Sound and vision blog

Sound and moving images from the British Library

17 April 2023

Recording of the week: Herbert Beerbohm Tree as Falstaff

Falstaff disc label

The famously successful actor and theatre manager Herbert Beerbohm Tree (1852-1917) made this recording in March 1906. It was one of a set of five 10-inch discs recorded for release by the Gramophone Company. These were originally issued in a ‘special envelope’ (which we don’t have) which included the texts and a ‘character portrait’ of Tree.

Each single-sided shellac disc featured a soliloquy from Shakespeare. Here, Tree performs Falstaff’s speech on honour, from Henry IV, Part 1.

A soliloquy was pretty much all the technology of the time would allow. In the early years of commercial recording, playing times of more than just a few minutes were not technologically possible.

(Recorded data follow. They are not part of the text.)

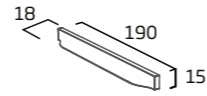

160mm Cup Handle

Chrome	CNH01C.160
Black	CNH01B.160
RRP inc VAT	£11.90
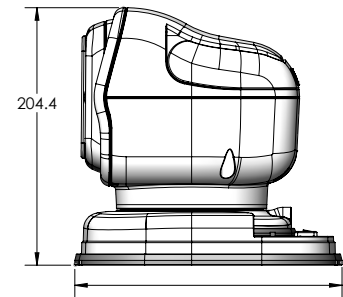

Wireless Hand-Held &  
Wireless Dash-Mount Remotes  
20074GT (white) 20574GT (black)

**PORTABLE MODELS**  
Permanent Shoe  
Wireless Remote - 79004GT (white)

**PORTABLE MODELS**  
Magnetic Shoe  
Wireless Hand-Held Remote  
79014GT (white) 79514GT (black)

LED Light Beam Dimensions

Illuminance (Lux) 870 218 55 14  
Peak Beam Intensity: 544,000 Candela  
Maximum Beam Distance: 1,475 m / 4,839 ft  
Beam Angle: 8°

<b>Housing:</b>	Heat resistant and high impact injection molded housing ASA Polymer (white housing) ABS Polymer (black housing)
<b>Parts:</b>	Nylon, Acetal Rack O-ring, Stainless Steel pinion drive 15' 18G cord with universal cigarette lighter plug
<b>Fasteners:</b>	Stainless Steel
<b>Motors:</b>	Automotive grade 12V D.C. Stall Torque 15.6 kg-cm No-load Speed 55.8 rpm Rated Output Power 1.42 W Stall Protected
<b>Quality and Type of LED's:</b>	10 High Flux LED's P-Vex lens technology 8° beam angle Anodized Aluminum heat sink w/liquid powder-cast finish
<b>Peak Beam Intensity:</b>	544,000 Candela
<b>Max Beam Distance:</b>	4,839 ft
<b>Voltage DC:</b>	12V
<b>Power Consumption:</b>	40W
<b>Max Current Draw:</b>	3.7 amps
<b>Wireless Remote Control:</b>	Radio Frequency: 433 MHz > 2000 possible address codes with 7 station dip switch Transmitter power: 2 Duracell MN21 12v batteries Radio Frequency allows for remote operation up to 80 feet away
<b>Hardwired Dash Mount Remote:</b>	On/Off switch, 4 way toggle 20' of six wire cord
<b>Warranty:</b>	3 Year Limited Warranty
<b>Mounting Options:</b>	Permanent Mount, Portable Light/Magnetic Shoe, Portable Light/Permanent Shoe
<b>Rockguard:</b>	Optional Accessory
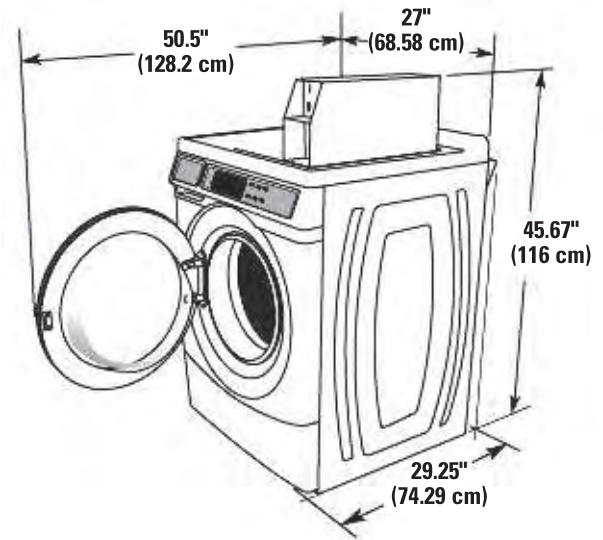

NEW YORK CITY
M.E.A.

BEAB
Approved

Note also that age of recording with electrical microphones was still two decades away. You are listening here to an acoustic recording. Tree would have been projecting his voice, with all the vigour he could muster, into the horn of the recording device.

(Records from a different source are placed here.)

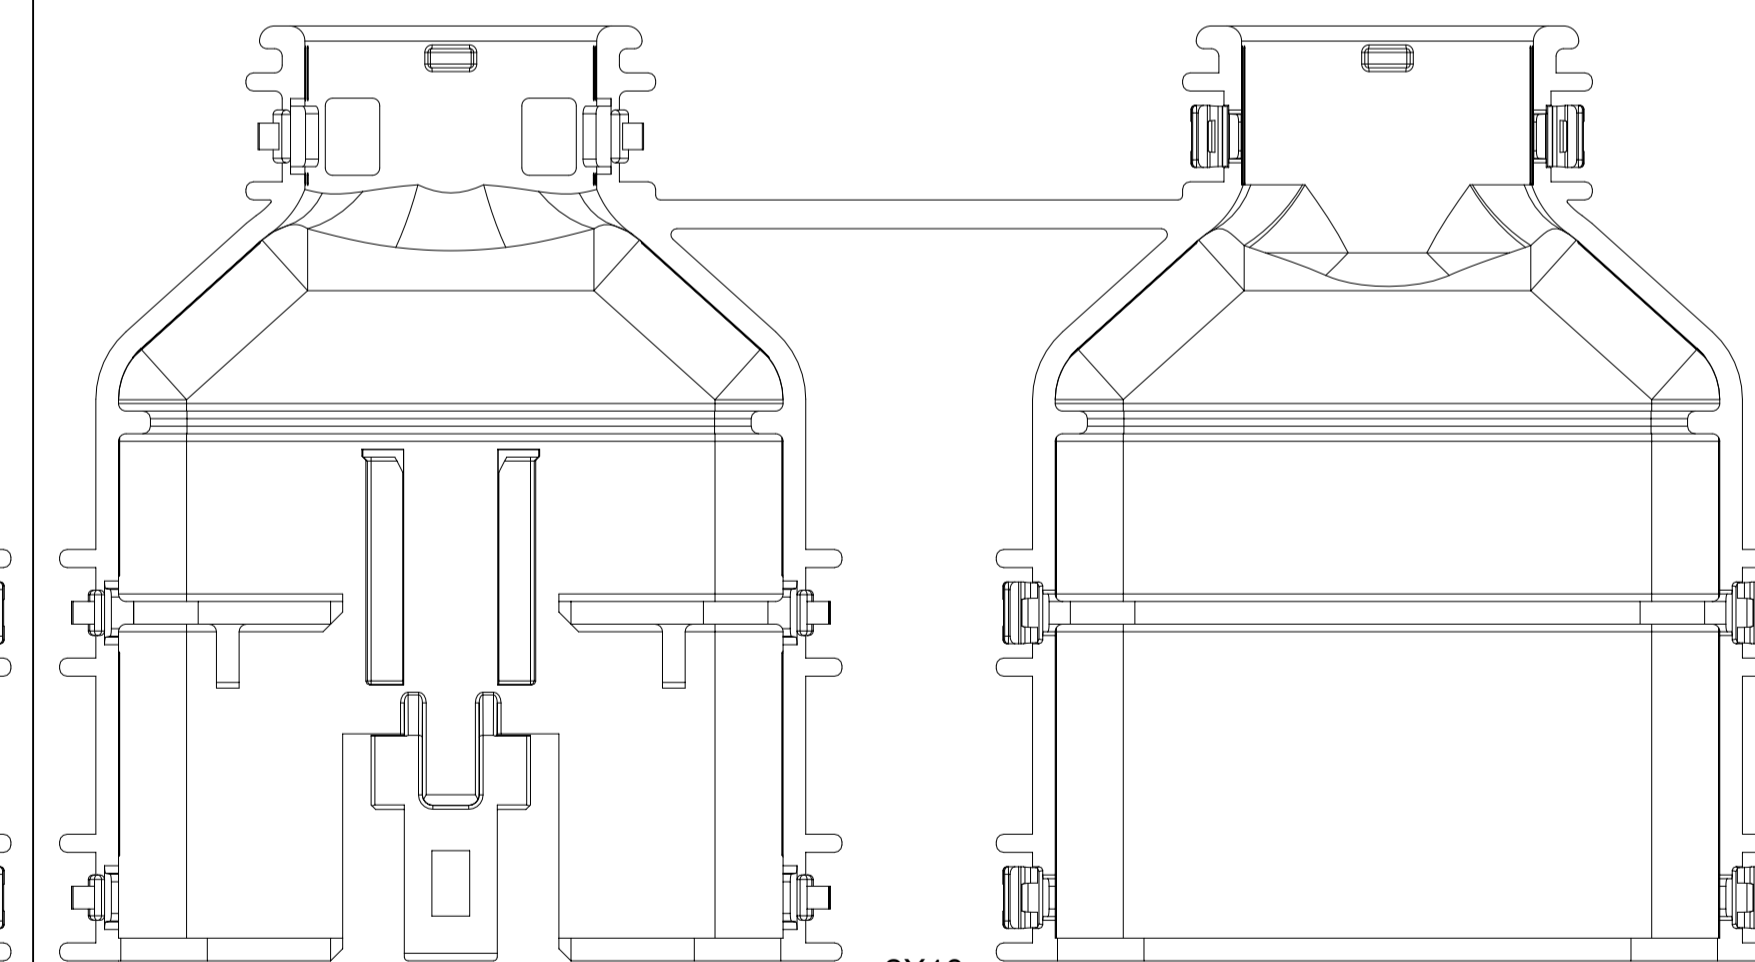

2X10
MOLEX

QUALITY SYMBOLS 	THIS DRAWING CONTAINS INFORMATION THAT IS PROPRIETARY TO MOLEX ELECTRONIC TECHNOLOGIES, LLC AND SHOULD NOT BE USED WITHOUT WRITTEN PERMISSION										
	EC NO: 638031 DRWN: PPALLAN CHKD: MVANSLAMBROU APPR: MVANSLAMBROU	2020/05/20	2020/05/22	2020/05/22	GENERAL TOLERANCES (UNLESS SPECIFIED)	DIMENSION UNITS	SCALE				
						mm	2:1				
	4 PLACES ±		ANGULAR TOL ± 3.0 °		DRWN BY	DATE	MX150 DUAL ROW BLADE BACKSHELLS				
	3 PLACES ±		2 PLACES ± 0.1		CHK'D BY	DATE	PRODUCT CUSTOMER DRAWING				
	2 PLACES ± 0.2		1 PLACE ± 0.2		APPR BY	DATE	SERIES MATERIAL NUMBER CUSTOMER				
	0 PLACES ±		DRAFT WHERE APPLICABLE MUST REMAIN WITHIN DIMENSIONS		DRAWING SIZE	THIRD ANGLE PROJECTION	GENERAL MARKET				
	A1		A1		34950		DOCUMENT NUMBER DOC TYPE DOC PART SHEET NUMBER				
	SD-34950-0001		PSD 001		2 OF 4

Listen to Herbert Beerbohm Tree

Download Herbert Beerbohm Tree transcript

The presence of the famous HMV dog on the label indicates that this is a later reissue rather than the 1906 first pressing.

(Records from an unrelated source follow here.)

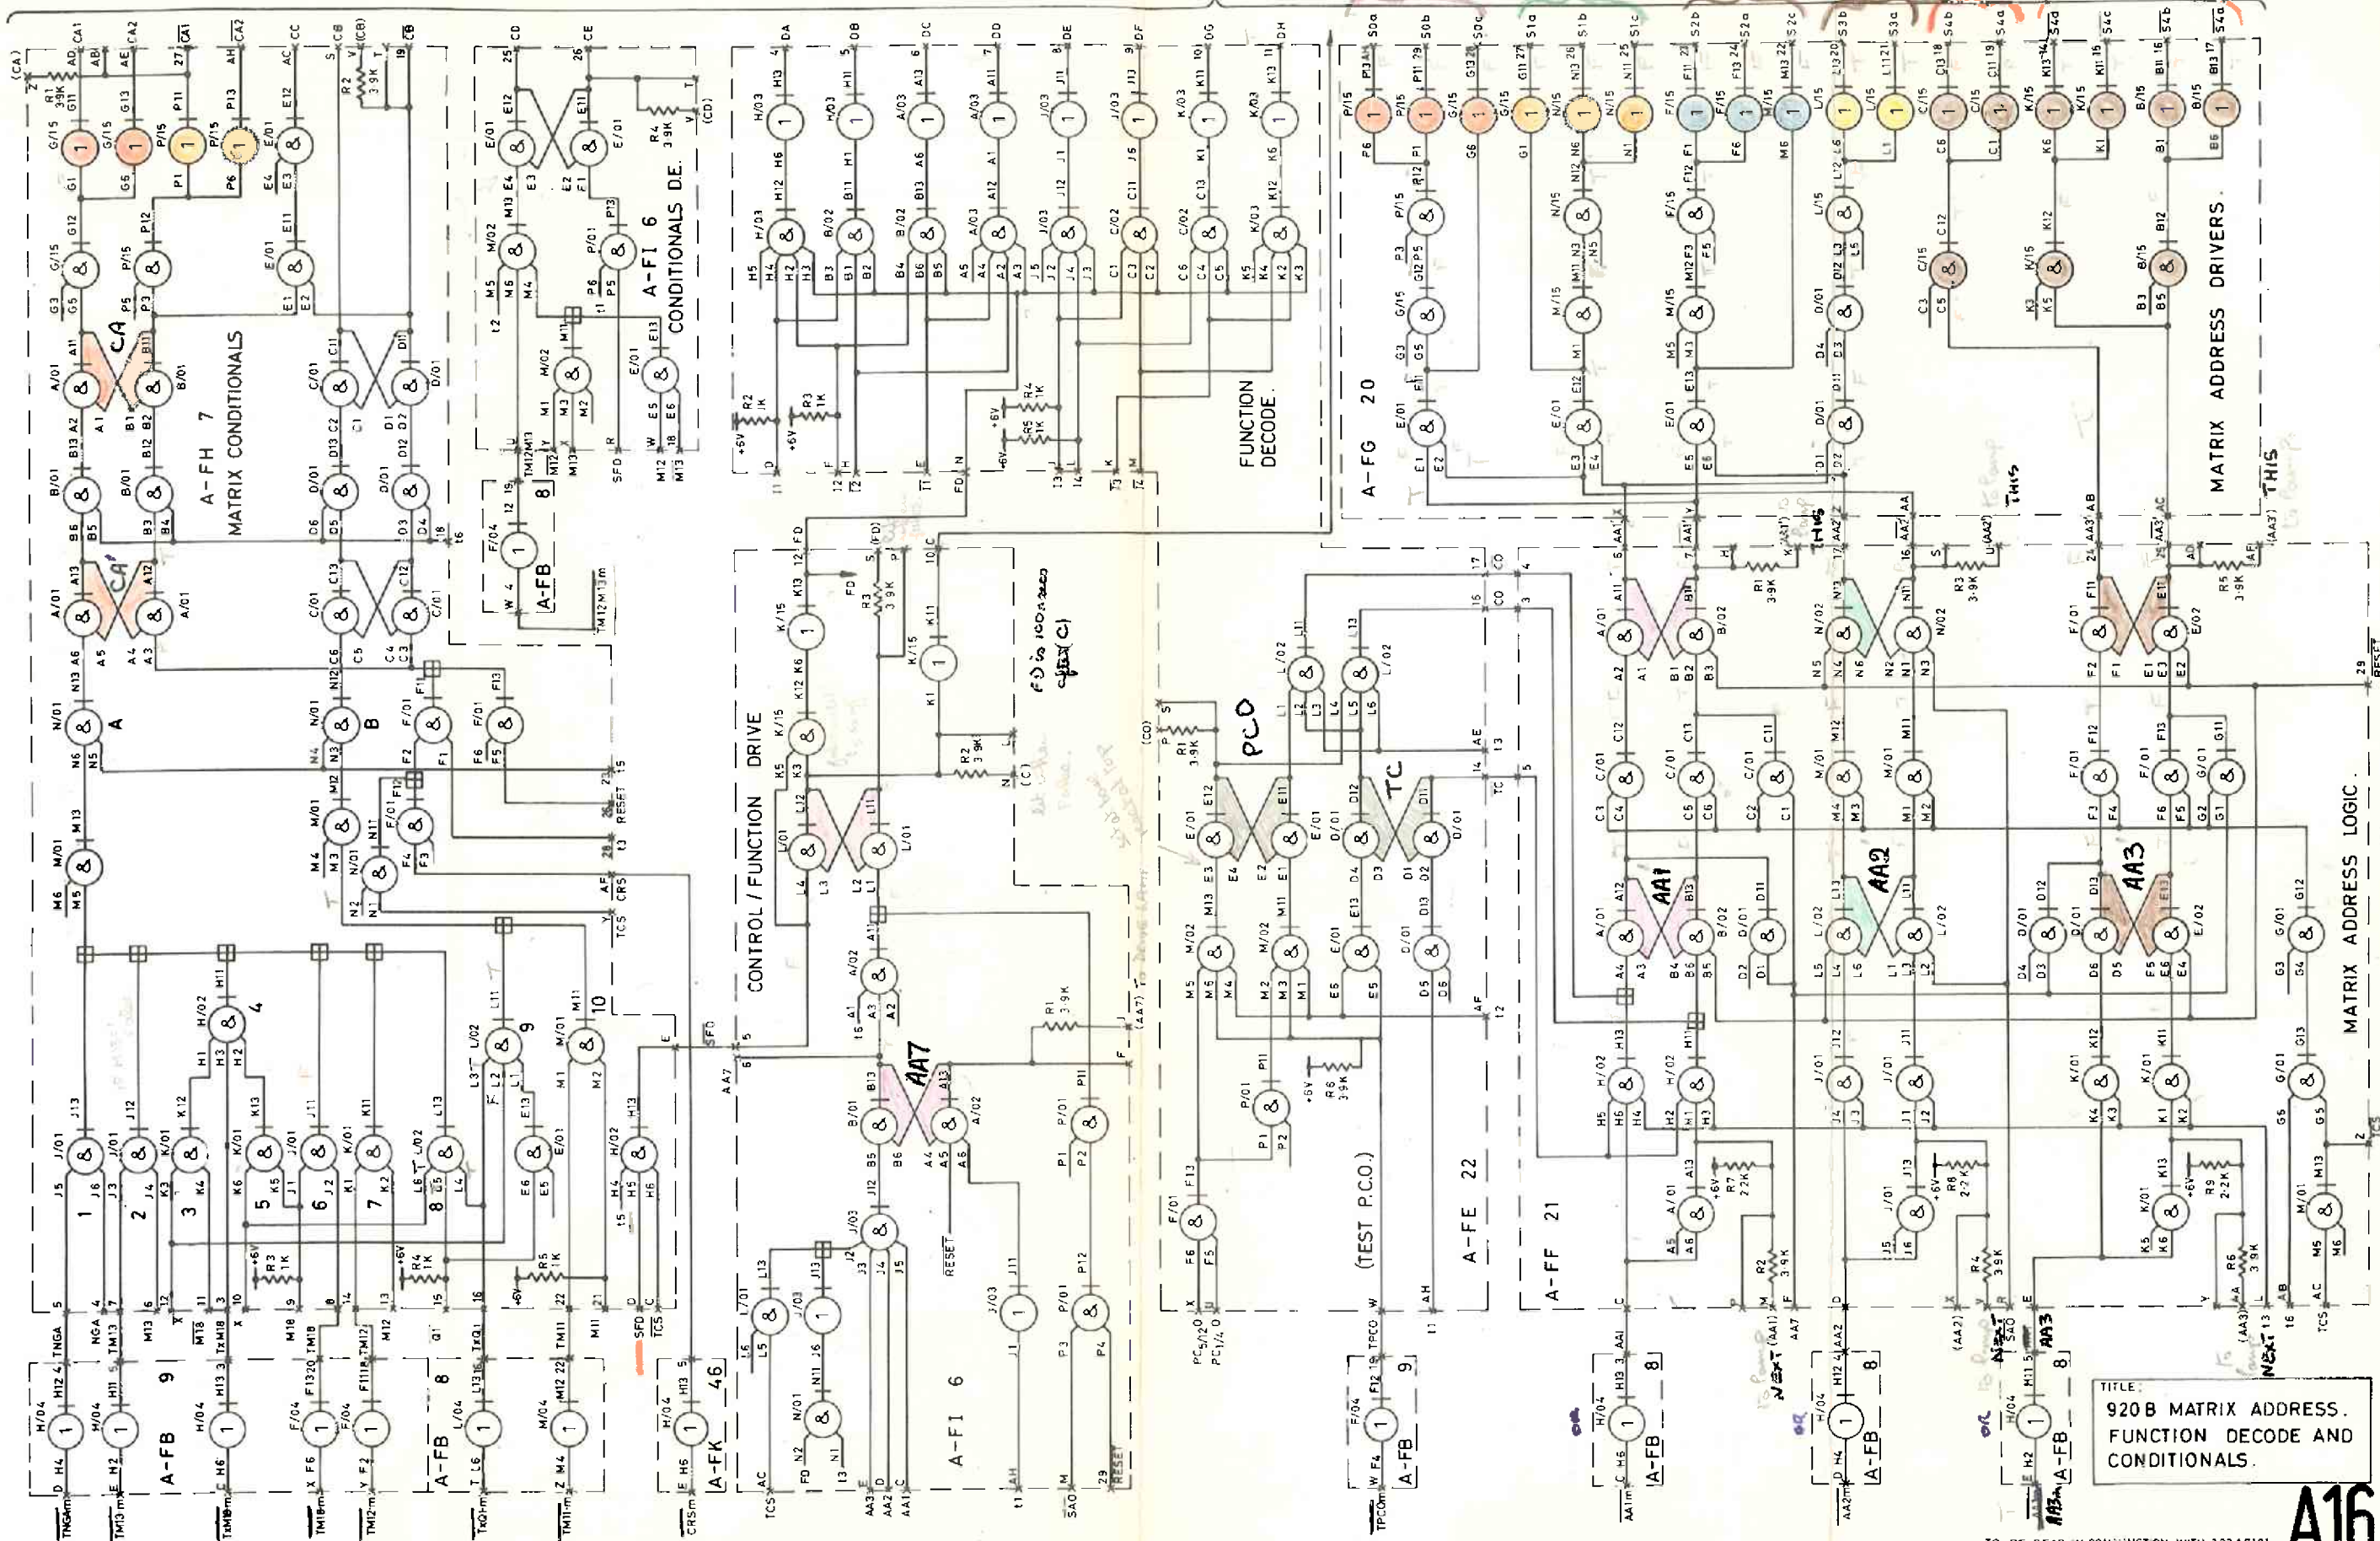

Conditional Reset Suppressed
CRS

TITLE:
920B MATRIX ADDRESS.
FUNCTION DECODE AND
CONDITIONALS.

A16

TO BE READ IN CONJUNCTION WITH 322A7191

NOTE: block 20 can only be approached via block C2

Somewhat unusually, the British Library also possesses an original copper matrix from which a new edition of the record could be pressed. This was one of a set presented to the British Museum by the Gramophone Company in 1906 and subsequently transferred to the Library in 1992.

This week’s ‘Recording of the Week’ was selected by Steve Cleary, Lead Curator, Literary and Creative Recordings.